Would you return, word for word, the lines of the data below from the line with "Hersteller KLUDI GmbH & Co. KG" through the line with "Durchflussdiagramm", and no others?

===== Listed records

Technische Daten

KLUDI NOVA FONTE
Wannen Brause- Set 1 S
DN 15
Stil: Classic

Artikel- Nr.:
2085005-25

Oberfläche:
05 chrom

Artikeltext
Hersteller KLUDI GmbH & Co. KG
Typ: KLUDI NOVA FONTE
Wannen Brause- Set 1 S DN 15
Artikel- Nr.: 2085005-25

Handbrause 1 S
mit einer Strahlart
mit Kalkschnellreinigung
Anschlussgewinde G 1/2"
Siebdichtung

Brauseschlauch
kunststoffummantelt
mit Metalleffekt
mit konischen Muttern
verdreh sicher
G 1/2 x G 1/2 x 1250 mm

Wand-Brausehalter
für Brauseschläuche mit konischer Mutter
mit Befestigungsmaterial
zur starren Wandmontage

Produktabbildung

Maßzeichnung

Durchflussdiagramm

==========
===== Listed records

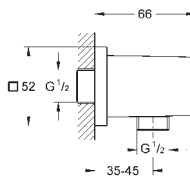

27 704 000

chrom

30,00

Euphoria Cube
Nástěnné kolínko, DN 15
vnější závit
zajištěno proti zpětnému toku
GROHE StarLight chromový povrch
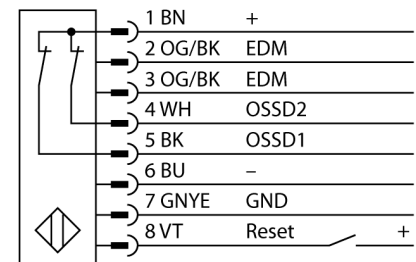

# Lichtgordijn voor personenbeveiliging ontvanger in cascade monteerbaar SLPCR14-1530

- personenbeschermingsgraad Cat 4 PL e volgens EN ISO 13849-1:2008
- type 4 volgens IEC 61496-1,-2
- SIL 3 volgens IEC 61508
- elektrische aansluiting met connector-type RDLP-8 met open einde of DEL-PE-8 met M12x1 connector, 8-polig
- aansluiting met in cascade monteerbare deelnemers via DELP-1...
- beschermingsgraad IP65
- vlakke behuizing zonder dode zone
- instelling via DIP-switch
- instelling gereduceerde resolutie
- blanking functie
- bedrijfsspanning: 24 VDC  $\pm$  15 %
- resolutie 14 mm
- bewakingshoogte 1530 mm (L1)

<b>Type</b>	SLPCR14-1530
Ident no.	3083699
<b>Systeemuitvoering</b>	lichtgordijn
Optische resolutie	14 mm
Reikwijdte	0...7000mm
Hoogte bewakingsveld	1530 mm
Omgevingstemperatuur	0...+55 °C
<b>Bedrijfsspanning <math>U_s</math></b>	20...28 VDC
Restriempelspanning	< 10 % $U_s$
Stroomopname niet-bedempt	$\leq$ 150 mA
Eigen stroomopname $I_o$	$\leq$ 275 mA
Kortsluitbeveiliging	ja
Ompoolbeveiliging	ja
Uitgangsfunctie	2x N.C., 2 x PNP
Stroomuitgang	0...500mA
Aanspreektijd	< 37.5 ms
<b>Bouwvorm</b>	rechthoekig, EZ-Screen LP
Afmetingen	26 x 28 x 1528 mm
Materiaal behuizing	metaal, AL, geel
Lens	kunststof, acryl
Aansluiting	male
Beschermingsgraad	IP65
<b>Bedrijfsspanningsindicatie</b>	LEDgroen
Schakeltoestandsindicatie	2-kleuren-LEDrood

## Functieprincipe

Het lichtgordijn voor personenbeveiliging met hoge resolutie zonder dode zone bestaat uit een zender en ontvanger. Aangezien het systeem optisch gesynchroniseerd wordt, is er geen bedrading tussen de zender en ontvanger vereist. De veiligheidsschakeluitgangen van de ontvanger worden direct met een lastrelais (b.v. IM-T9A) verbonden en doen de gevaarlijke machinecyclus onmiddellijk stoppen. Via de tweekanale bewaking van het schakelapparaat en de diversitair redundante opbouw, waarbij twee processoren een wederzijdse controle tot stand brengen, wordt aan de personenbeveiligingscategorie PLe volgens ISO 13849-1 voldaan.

==========

**Response to the task**
Hersteller KLUDI GmbH & Co. KG
Typ: KLUDI NOVA FONTE
Wannen Brause- Set 1 S DN 15
Artikel- Nr.: 2085005-25

Handbrause 1 S
mit einer Strahlart
mit Kalkschnellreinigung
Anschlussgewinde G 1/2"
Siebdichtung

Brauseschlauch
kunststoffummantelt
mit Metalleffekt
mit konischen Muttern
verdreh sicher
G 1/2 x G 1/2 x 1250 mm

Wand-Brausehalter
für Brauseschläuche mit konischer Mutter
mit Befestigungsmaterial
zur starren Wandmontage

Produktabbildung

Maßzeichnung

Durchflussdiagramm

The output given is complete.